At bench trial, Jessica was the only witness to testify on relevant issues and, based on the foregoing, asked that Nilson be denied any visitation. Nilson was called by Jessica, but he pleaded the Fifth. Nilson did not call any witnesses and did not submit any evidence in support of his argument for visitation with his children. The trial court ordered Nilson could have 32 hours per month of supervised visits.

Nilson’s sole issue on appeal is whether the trial court erred by denying his request to appoint an AAL. The Court of Appeals noted the decision to do so is discretionary and the trial court stated it believed it would be able to get “the whole story” at trial. Nilson argued on appeal that the trial court did not get the whole story at trial because of his inability to testify due to “pending criminal charges” and “exercising his Fifth Amendment rights.” He further argues that there was no expert psychological testimony and that an AAL “could have bridged that gap.”

Kudos to the Court of Appeals for treating this as a serious argument.
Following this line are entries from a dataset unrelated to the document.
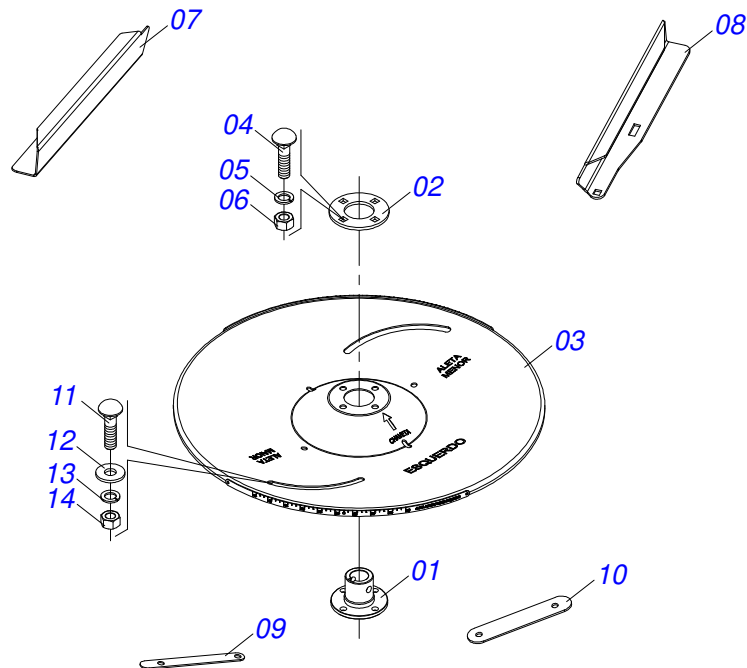

Item	Código	Descrição	Ver Pág.	QT
01	0581010973	LUVA DISCO DISTRIBUIDOR		01
02	0571013670	FLANGE DISCO DISTRIBUIDOR		01
03	0521066691	DISCO ADUBO ESQUERDO		01
04	0503012540	PARAFUSO 3/8 UNC X 1 CAPQ INOX		04
05	0503012535	ARRUELA PRESSAO 3/8 INOX 1K01872		04
06	0503012531	PORCA 3/8 UNC SEXTAVADA INOX		04
07	0571017672	ALETA ADUBO ESQUERDA 295		01
08	0571017671	ALETA ADUBO ESQUERDA 385		01
09	0571017674	BARRA INFERIOR ALETA MENOR		01
10	0571017673	BARRA INFERIOR ALETA MAIOR		01
11	0503016881	PARAFUSO 5/16 UNC X 3/4 CAPQ G.2 INOX		04
12	0503012545	ARRUELA LISA 8,50 X 18 X 1,50 INOX		04
13	0503012534	ARRUELA PRESSAO 5/16 INOX		04
14	0503012530	PORCA SEXTAVADA 5/16 UNC INOX		04

I doubt I could do it. The Court of Appeals found Nilson’s argument “problematic” because 1) he did not present any testimony from himself or other witnesses, any documents, or any expert testimony of his own; and 2) he was asking the Court of Appeals to conclude the trial court erred in making a pre-trial ruling only by comparing that pre-trial ruling against the subsequent trial, which is improper. In short, the Court of Appeals found the trial court based its ruling on the best interest of the children and did not err.